**Activity:** Omit the pictures while printing every entry below exactly as given.

**Records supplied:**

········

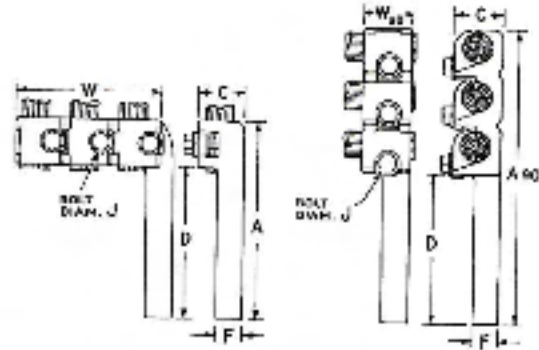

TYPE 3JL, 3JL90

Terminal Adapter – three cables

Cat. No.	Cable Range		Dimensions in Inches							
	Min.	Max.	A	A90	C	D	F	J	W	W90
3J5L	4/0 Str.	350MCM	5½	—	1¼	4½	¾	¾	3¼	—
3J5L90	4/0 Str.	350MCM	—	8¼	1¼	4½	¾	¾	—	1¾
3J6L	350MCM	500MCM	6½	—	1¾	4½	¾	¾	4½	—
3J6L90	350MCM	500MCM	—	9	1¾	4½	¾	¾	—	1¾
3J7L	500MCM	750MCM	7¼	—	1¾	5½	¾	¾	5½	—
3J7L90	500MCM	750MCM	—	10¾	1¾	5½	¾	¾	—	1¾
3J8L	750MCM	1000MCM	7¾	—	1¾	5½	1¼	½	6	—
3J8L90	750MCM	1000MCM	—	11¾	1¾	5½	1¼	½	—	2½

- Tabulated Dimensions are in inches and are approximate only.
- Sizes not shown available on request.

········

**Your response:**
TYPE 3JL, 3JL90

Terminal Adapter – three cables

Cat. No.	Cable Range		Dimensions in Inches							
	Min.	Max.	A	A90	C	D	F	J	W	W90
3J5L	4/0 Str.	350MCM	5½	—	1¼	4½	¾	¾	3¼	—
3J5L90	4/0 Str.	350MCM	—	8¼	1¼	4½	¾	¾	—	1¾
3J6L	350MCM	500MCM	6½	—	1¾	4½	¾	¾	4½	—
3J6L90	350MCM	500MCM	—	9	1¾	4½	¾	¾	—	1¾
3J7L	500MCM	750MCM	7¼	—	1¾	5½	¾	¾	5½	—
3J7L90	500MCM	750MCM	—	10¾	1¾	5½	¾	¾	—	1¾
3J8L	750MCM	1000MCM	7¾	—	1¾	5½	1¼	½	6	—
3J8L90	750MCM	1000MCM	—	11¾	1¾	5½	1¼	½	—	2½

- Tabulated Dimensions are in inches and are approximate only.
- Sizes not shown available on request.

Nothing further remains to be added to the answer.